I currently have this modified least squares problem:
$$\min_{x\in\mathbb R} \left \| Ax-b \right \|_{2}^{2} + \left \| Lx \right \|_{2}^{2}$$
which has a solution:
$$x = (A^{T}A + L^{T}L)^{-1} A^{T}b$$
I would like that given $L = \alpha I$ for some $α \neq 0$ to represent the solution explicitly in terms of α and the singular values and singular vectors of A.
The only way I can think of doing this is by writing A as its singular value decomposition:
$$A = U\Sigma V^{T}$$
From which I find that:
$$ \left \| Ax-b \right \|_{2}^{2} + \left \| Lx \right \|_{2}^{2} = \left \| U\Sigma V^{T}x - b \right \|_{2}^{2} + \left \| Lx \right \|_{2}^{2}$$
But I'm not sure how to arrive at a solution that also includes the singular values and singular vectors as well.

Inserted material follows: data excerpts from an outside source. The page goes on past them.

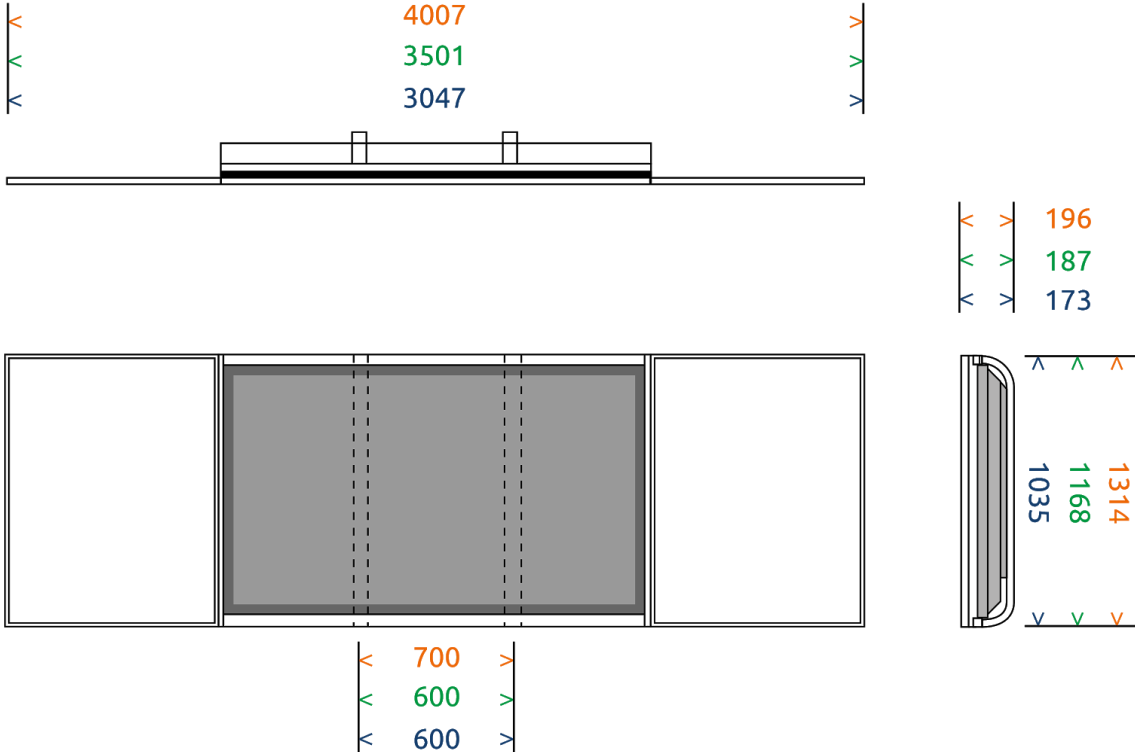

Dimensions package (WxDxH) frame	190 x 190 x 2010 mm 7.5 x 7.5 x 79.2 inch	190 x 190 x 2010 mm 7.5 x 7.5 x 79.2 inch	190 x 190 x 2010 mm 7.5 x 7.5 x 79.2 inch
----------------------------------	--	--	--

Dimensions package (WxDxDH) whiteboard	1310 x 1025 x 70 mm 51.57 x 40.35 x 2.75 inch	1310 x 1025 x 70 mm 51.57 x 40.35 x 2.75 inch	1310 x 1025 x 70 mm 51.57 x 40.35 x 2.75 inch
--	--	--	--

Relevant dimensions - whiteboards closed

- 86 Inch
- 75 Inch
- 65 Inch

## Relevant dimensions - whiteboards 90 degrees open

- 86 Inch
- 75 Inch
- 65 Inch

Relevant dimensions - whiteboards 180 degrees open

- 86 Inch
- 75 Inch
- 65 Inch

We have $$ A^tA + L^tL = V\Sigma^2 V^t + \alpha^2 I = V(\Sigma^2 + \alpha^2I) V^t $$ Let the diagonal matrix $\Gamma^2$ be $$ \Gamma^2 = \Sigma^2 + \alpha^2 I $$ Then $$ (A^tA + L^tL)^{-1} = V\Gamma^{-2}V^t $$ Thus, $x$ is given by $$ x=(V \Gamma^{-2} V^t)( V \Sigma U^t) b = V \Gamma^{-2} \Sigma U^t b . $$ Note that the $i$th diagonal value of $\Gamma^{-2}\Sigma$ is $\frac{\sigma_i}{\sigma_i^2+\alpha^2}$ and when $\alpha=0$, the solution reverts to the standard least-squares solution given by the SVD.